(Task objective)
Copy each line below in which the string "PŮVODNÍ" appears.

------ Task material ------

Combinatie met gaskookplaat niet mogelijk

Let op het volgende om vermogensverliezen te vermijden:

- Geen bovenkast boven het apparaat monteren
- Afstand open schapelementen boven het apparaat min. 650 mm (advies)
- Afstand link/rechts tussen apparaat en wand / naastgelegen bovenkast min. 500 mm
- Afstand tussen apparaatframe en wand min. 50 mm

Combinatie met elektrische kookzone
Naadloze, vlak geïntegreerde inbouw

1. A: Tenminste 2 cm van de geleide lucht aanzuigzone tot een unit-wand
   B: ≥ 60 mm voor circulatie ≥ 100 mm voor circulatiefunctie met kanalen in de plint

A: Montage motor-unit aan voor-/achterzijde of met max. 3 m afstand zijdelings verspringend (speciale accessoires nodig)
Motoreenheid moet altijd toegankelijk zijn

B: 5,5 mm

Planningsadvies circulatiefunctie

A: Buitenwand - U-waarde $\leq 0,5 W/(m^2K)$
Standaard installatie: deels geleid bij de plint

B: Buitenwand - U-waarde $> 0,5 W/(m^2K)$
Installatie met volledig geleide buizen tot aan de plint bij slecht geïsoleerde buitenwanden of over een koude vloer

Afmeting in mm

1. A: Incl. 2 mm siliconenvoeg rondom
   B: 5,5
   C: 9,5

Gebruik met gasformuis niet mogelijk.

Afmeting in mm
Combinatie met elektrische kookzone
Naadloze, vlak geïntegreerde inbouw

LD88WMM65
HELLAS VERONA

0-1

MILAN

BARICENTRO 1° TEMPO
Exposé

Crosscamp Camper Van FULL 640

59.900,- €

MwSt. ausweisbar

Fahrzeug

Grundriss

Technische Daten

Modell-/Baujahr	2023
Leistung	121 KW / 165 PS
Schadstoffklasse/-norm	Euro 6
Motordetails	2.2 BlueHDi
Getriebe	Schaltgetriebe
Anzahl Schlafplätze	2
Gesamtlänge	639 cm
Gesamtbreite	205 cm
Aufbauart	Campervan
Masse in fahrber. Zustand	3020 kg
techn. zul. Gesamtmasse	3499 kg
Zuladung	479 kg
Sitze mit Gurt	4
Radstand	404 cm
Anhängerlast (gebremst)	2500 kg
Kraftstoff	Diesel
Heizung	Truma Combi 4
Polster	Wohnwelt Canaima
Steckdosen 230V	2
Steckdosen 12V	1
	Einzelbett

------
------ Task material ------

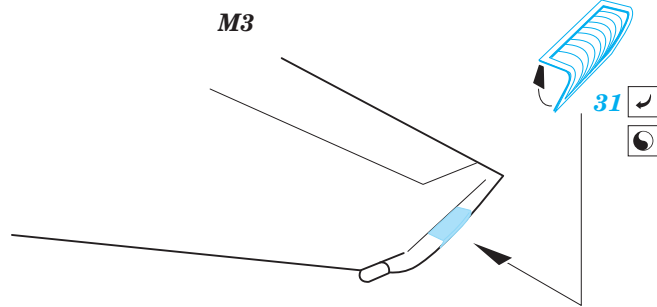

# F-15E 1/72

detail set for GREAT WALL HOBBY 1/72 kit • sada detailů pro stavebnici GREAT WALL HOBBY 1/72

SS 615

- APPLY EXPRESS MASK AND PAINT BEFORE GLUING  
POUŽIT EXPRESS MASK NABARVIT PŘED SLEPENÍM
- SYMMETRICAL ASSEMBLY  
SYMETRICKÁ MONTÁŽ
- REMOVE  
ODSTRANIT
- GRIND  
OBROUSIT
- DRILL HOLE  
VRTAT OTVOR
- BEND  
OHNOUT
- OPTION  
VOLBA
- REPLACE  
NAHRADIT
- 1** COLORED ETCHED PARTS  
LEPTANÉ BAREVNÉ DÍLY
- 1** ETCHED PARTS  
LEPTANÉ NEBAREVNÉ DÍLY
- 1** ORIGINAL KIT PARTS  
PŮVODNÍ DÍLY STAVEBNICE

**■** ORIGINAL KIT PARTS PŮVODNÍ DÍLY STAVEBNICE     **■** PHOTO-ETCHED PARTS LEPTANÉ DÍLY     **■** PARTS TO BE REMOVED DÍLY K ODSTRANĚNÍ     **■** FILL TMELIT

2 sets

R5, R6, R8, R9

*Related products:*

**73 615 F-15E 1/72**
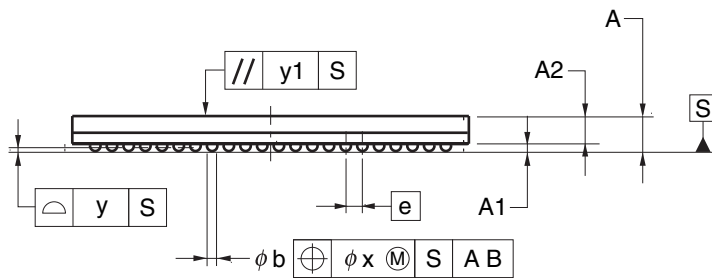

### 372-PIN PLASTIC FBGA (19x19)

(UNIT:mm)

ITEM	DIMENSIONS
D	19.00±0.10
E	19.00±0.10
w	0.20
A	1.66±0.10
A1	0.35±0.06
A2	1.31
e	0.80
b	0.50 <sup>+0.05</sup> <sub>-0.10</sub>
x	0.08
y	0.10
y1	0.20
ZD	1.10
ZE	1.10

------

(Response)
PŮVODNÍ DÍLY STAVEBNICE
**■** ORIGINAL KIT PARTS PŮVODNÍ DÍLY STAVEBNICE     **■** PHOTO-ETCHED PARTS LEPTANÉ DÍLY     **■** PARTS TO BE REMOVED DÍLY K ODSTRANĚNÍ     **■** FILL TMELIT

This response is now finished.